Книга: Дюма. Том 46. Сесиль. Амори. Фернанда
Назад: VIII А ВРЕМЯ ИДЕТ
Дальше: X ПЛАНЫ

IX
СИМПТОМЫ

Девяти тысяч франков баронессе хватило на два года, а за два года произошли новые события; однако, вместо того чтобы как-то облегчить положение роялистов, события эти, напротив, лишили их всякой надежды.
Бонапарт вернулся из Египта, совершил государственный переворот 18 брюмера, стал первым консулом и выиграл битву при Маренго.
Встречались еще оптимисты, утверждавшие, будто молодой генерал действует в интересах Бурбонов и будто бы, покончив с якобинцами, он вручит скипетр, выражаясь языком того времени, законным монархам; однако люди, трезво смотревшие на вещи, не верили в это.
Тем временем Европа дрожала перед победителем битв у Лоди, Пирамид и Маренго.

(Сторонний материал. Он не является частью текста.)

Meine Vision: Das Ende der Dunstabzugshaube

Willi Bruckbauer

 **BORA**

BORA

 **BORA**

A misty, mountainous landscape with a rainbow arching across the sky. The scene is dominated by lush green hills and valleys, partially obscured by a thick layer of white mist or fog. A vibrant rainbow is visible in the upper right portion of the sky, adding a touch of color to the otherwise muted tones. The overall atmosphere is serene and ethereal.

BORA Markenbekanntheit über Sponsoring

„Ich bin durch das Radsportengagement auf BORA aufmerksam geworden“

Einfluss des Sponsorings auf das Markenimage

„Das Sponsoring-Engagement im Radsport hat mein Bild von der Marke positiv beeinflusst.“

Баронесса ждала до последней минуты, чтобы сделать еще одну попытку и обратиться к маркизе, которая с того дня, когда впервые зашла речь о бриллиантах, ни словом больше не обмолвилась на сей счет и ни разу не поинтересовалась, как и на какие средства живет ее дочь.
Маркиза, казалось, очень удивилась, когда дочь снова заговорила с ней о бриллиантах.

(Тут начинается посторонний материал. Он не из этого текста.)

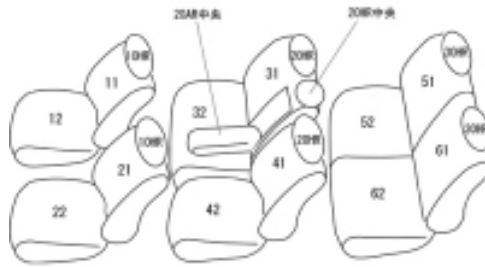

Autobacsオリジナル スタイリッシュ

ブラック×ワインステッチ

3列車全席分

トヨタ プリウス H23/5 ~

商品番号	ET-1600	年式	H23(2011)/5 ~ H 26(2014)/10		定員	7人
型式	ZVW40W					
グレード	S/S ツーリングセレクション / S " tune BLACK " G/G ツーリングセレクション / G ツーリングセレクション スカイライトパッケージ					
適合形状	7人乗り・運転席手動シート コンソールのフタは分解が不可能なため、コンソール用のカバーはありません。					
シート パターン	ヘッドレスト総数	1列目肘掛	2列目肘掛	3列目肘掛	サイドエアバッグ	
	7	0	1	0		
適合不可	G " tune BLACK " ファブリック (スエード調) × 合成皮革のコンビシートのため					
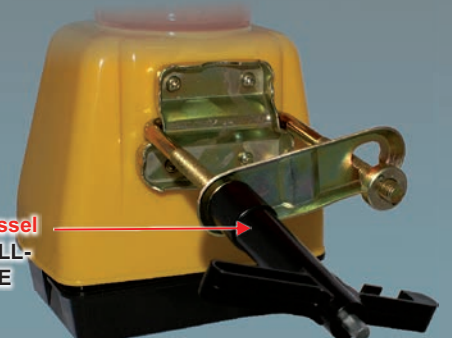

Imbusschlüssel zum ÖFFNEN des GEHÄUSES

Stift im Imbusschlüssel integriert (einfach herausnehmen)

Imbusschlüssel zur SCHNELL-MONTAGE

Befestigungsbügel (Diebstahlsicherung)

Akku-Halogen Handscheinwerfer

4,4W / 5,2V = 0,85A. Gehäusematerial: Kunststoff (schlagfest). Leuchtmittel: E10 5,2V / 0,85A Halogen. Leuchtdauer: ca. 150 min. Leuchtweite: ca. 1.000 m. **Inklusive Akku:** NIMH 4,8V / 2Ah. Ladezeit: 21 h. Ladespannung: 100-230 V AC 50/60Hz bzw. 12/24 V DC. Gewicht: 0,440 kg. Maße: 256 x 93 x 93 mm.

Как и в первый раз, маркиза исчерпала все доводы, какие только могла придумать, пытаясь защитить свои драгоценные украшения, но теперь дело не терпело отлагательства, баронесса настаивала, хотя и с должным уважением, достоинством и спокойствием, так что в конце концов маркиза с тяжкими вздохами вынула из своей шкатулки ожерелье, стоившее около пятнадцати тысяч франков.
Баронесса снова предложила продать вместе все оставшееся и поместить пятьдесят тысяч франков, которые можно было за это выручить, в банк, но маркиза столь решительно восстала против этого предложения, что г-жа де Марсийи поняла: любая подобная попытка не увенчается успехом.
Мало того, маркиза потребовала, чтобы после продажи ожерелья ей оставили тысячу экю на личные мелкие расходы.
Пятнадцать тысяч франков г-жа де Марсийи добыла тем же путем, что и девять тысяч. Как и в первый раз, г-н Дюваль предложил ей все возможные услуги, но, как и в первый раз, г-жа де Марсийи отказалась принять их.
Между тем Сесиль подрастала; теперь она уже стала красивой двенадцатилетней девочкой, серьезной и милой, ласковой и набожной, с личиком ангела во всей его свежести и душой своей матери во всей ее чистоте, какой эта душа была до того, как несчастье иссушило ее.
Из окна мать часто наблюдала за тем, как девочка растет и расцветает среди роз — своих подружек, своих наперсниц и сестер; через три года, думалось ей, Сесиль будет уже почти женщиной, и тут она глубоко вздыхала, задаваясь вопросом, какое будущее уготовано этому чудесному творению природы.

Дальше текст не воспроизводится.